Слышал я в народе новый глагол — лавулировать. Новое слово, его нет ни в каких словарях. Похоже и на регулировать, и на лавировать, и на вуалировать. Но не то, и не другое, и не третье. Емкое по смыслу и очень точное слово. Зашла речь об одном ответственном работнике, и кто-то метко охарактеризовал его этим новым словечком: «Да он не работает, а так — лавулирует всю жизнь».
Ответственные работники потому и называются ответственными, что они на своих постах должны, обязаны самостоятельно решать многие серьёзные вопросы и отвечать за свои решения. Потому им много и даётся, что с них много спрашивается. Но некоторые товарищи принимают охотно лишь материальные и всякие прочие удобства, связанные с пребыванием на ответственных постах, а «неудобства», вытекающие из необходимости что-то решать, отстаивать и доказывать, согласны бы и отдать другим. Когда нужно решать мужественно, честно, они — «лавулируют». Удаётся им лавулировать иногда годами. На это уходят все их способности, без остатка.
Стоит ли доказывать, как важна в нашей жизни правдивая информация? Вот, скажем, на каком-то участке у нас плохо. Плохо в колхозах, где-то в каком-то отстающем районе или в области. Какие-то болезни сильно запущены, перешли в хронические. Необходимо вмешательство очень умного, опытного врача.
Изложить в информации всё честно и откровенно, что у нас, мол, в нашем районе, к стыду нашему, есть ещё колхозы, где новому председателю нужно начинать чуть ли не с того, с чего начинали в тридцатых годах — собирать актив и учить людей ценить общественное, как своё кровное; что мы непростительно скверно используем великолепную технику, растеряли старых трактористов и каждый год сажаем на новенькие, с иголочки, машины учеников; что в некоторых колхозах, действительно, образовался какой-то порочный круг — люди мало получили хлеба по трудодням потому, что мало его вырастили, а мало вырастили потому, что плохо работали, а плохо работали потому, что и в прошлом, и в позапрошлом году получили мало хлеба, и кто в этом виноват, не мы ли сами тем, что не помогли колхозникам до сих пор выбрать хороших председателей; что фактический умолот (то, что попало в амбары) намного оказался ниже учтённого на корню урожая — опять допустили большие потери и хищения при уборке, — написать обо всём этом, рассказать честно всё, как есть, значит, признать, что ты не справляешься с порученным тебе делом, самому, так сказать, напроситься на снятие с работы или строгое взыскание.

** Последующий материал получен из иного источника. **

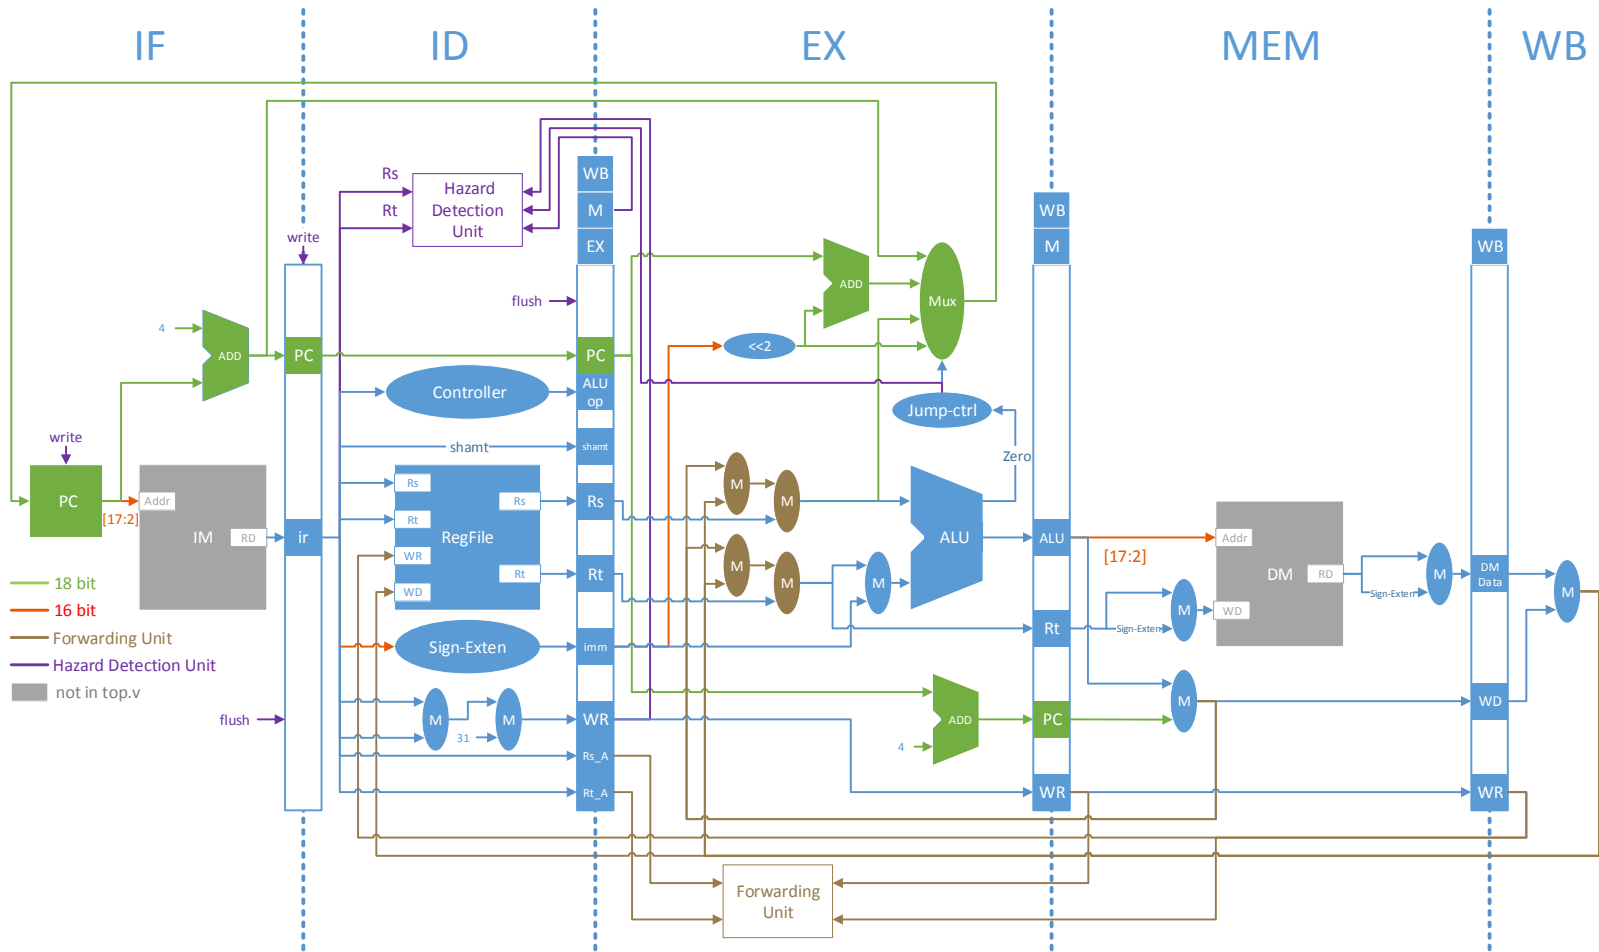

成功大學

National Cheng Kung University

Computer Organization Homework 3

Pipelined CPU Design

Reading: Chapter 4.5 ~ 4.8

General rules for deliverables

- Complete this homework INDIVIDUALLY.
- When submitting your homework, compress all files into a single **zip** file, and upload the compressed file to Moodle.

Figure 1. File hierarchy for homework submission

Deadline

- Due: 5/22(一) PM 9:55

HW3 Pipeline

請去課程網站下載作業相關檔案

繳交狀態

繳交狀態	沒有繳交作業
評分狀態	尚未評分
規定繳交時間	2017年 05月 22日(一) 21:55
剩餘時間	15 日 7 小時

繳交作業

更改你所繳交的作業

作業重點 - Outline

- Clock Trigger
- Forwarding
- Branch Prediction
- Control Hazard & Data Hazard

Clock Trigger

Forwarding

Reading: Chapter 4.7

Branch Prediction

- Always not Taken

Reading: Chapter 4.8

Control Hazard & Data Hazard

- Branch Control Hazard & Load Word Data Hazard

Reading: Chapter 4.8

Q & A time

И «лавулирующий» товарищ предпочитает несколько приукрашивать истинное положение вещей. Ему нужды нет, что по точной, правдивой информации были бы своевременно приняты решения на пользу дела. Им руководят не интересы государства. Ведь коль скоро дело дойдёт до энергичных решений, ему не избежать ответственности. Так пусть уж лучше их совсем не будет пока, решений. Удастся продержаться, высидеть в своём кресле ещё годик, а там, может быть, учёба или перевод на другую работу — как-нибудь сойдёт с рук. Или, возможно, обнаружатся более серьёзные недостатки в другом месте. Какой-нибудь другой район, где ещё хуже, чем у него, будет фигурировать в решении, как пример того, к чему приводят негодные методы руководства колхозами, и «затмит», спасёт таким образом его.
«Не суйся поперед батька в пекло» — вот главное житейское правило лавулирующих.

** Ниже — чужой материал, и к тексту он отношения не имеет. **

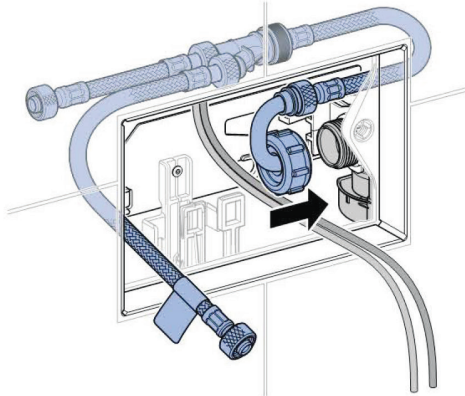

■ GEBERIT SIGMA70 SQUARE REMOTE BUTTON

INSTALLATION INSTRUCTIONS

Plumbers, please ensure a copy of the installation instructions is left with the end user for future reference

■ GEBERIT

SIGMA70 SQUARE REMOTE BUTTON

INSTALLATION INSTRUCTIONS

■ GEBERIT SIGMA70 SQUARE REMOTE BUTTON

INSTALLATION INSTRUCTIONS

4

i

1

2

3

4

Plumbers, please ensure a copy of the installation instructions is left with the end user for future reference

■ GEBERIT SIGMA70 SQUARE REMOTE BUTTON

INSTALLATION INSTRUCTIONS

Plumbers, please ensure a copy of the installation instructions is left with the end user for future reference
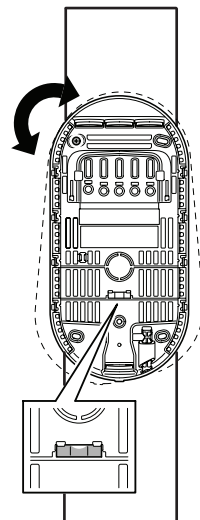

DEFA PowerPole
Item no.: 715009

DEFA Power™

① DEFA PowerPole supports 2x DEFA Power chargers on opposite sides.
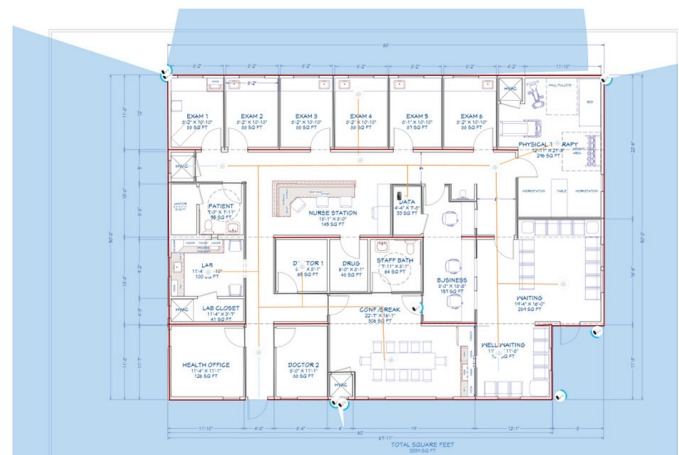

## Estimated Security Camera Coverage

A detailed map of security camera ranges and coverage was also provided to the client.

OK  GREAT  
50m 8m

**Logical Camera Cable Run**

**Logical AP Cable Run**
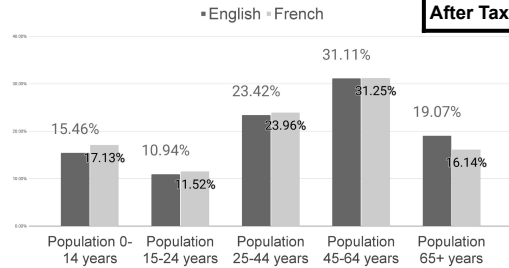

Population by Age Group

Есть лавулирующие и в литературе.
Если человек по незнанию жизни пишет приторные пасторали — это явление тоже мало привлекательное, но по крайней мере в таких случаях автор хоть искренен: он, может быть, в самом деле, просматривая лишь газетные корреспонденции из передовых областей, думает, что у нас уже во всех колхозах председатели — агрономы с высшим образованием и кандидаты биологических наук и что, укрупнив колхозы, мы одним махом устранили все помехи на пути их дальнейшего развития. Судить такого незлонамеренного лакировщика можно лишь за наивность и недостойное писателя верхоглядство.

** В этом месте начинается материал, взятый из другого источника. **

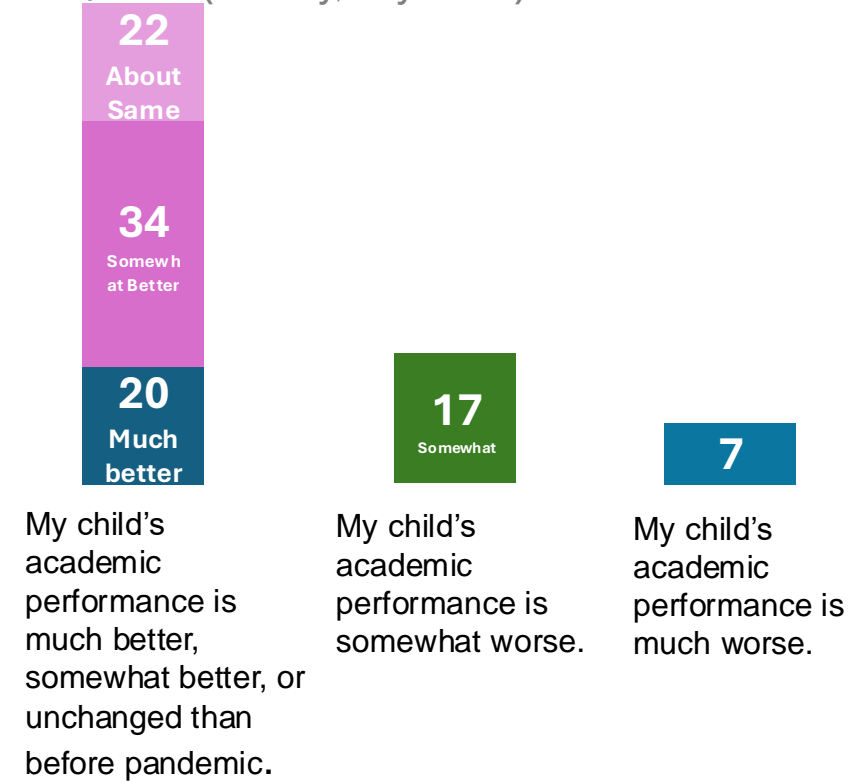

Parental perception is constraining more aggressive action.

Education Next (August 2022):

Pew (Sept/Oct. 2022):

PACE/USC (CA only, July 2022)

Learning Heroes (May, 2022)

Но когда знающий колхозы писатель, проживший несколько лет в деревне, в гуще жизни, причём далеко не в передовой области, утверждает, что в наши дни в деревне конфликтов уже нет, ничто не мешает колхозам двигаться полным ходом вперёд, к коммунизму, — что это, как не сделка с совестью? Пишите, кому желательно, о контрастах, пестроте в урожаях, отстающих колхозах, а мне для моих сочинений о деревне хватит конфликтов и дореволюционной давности.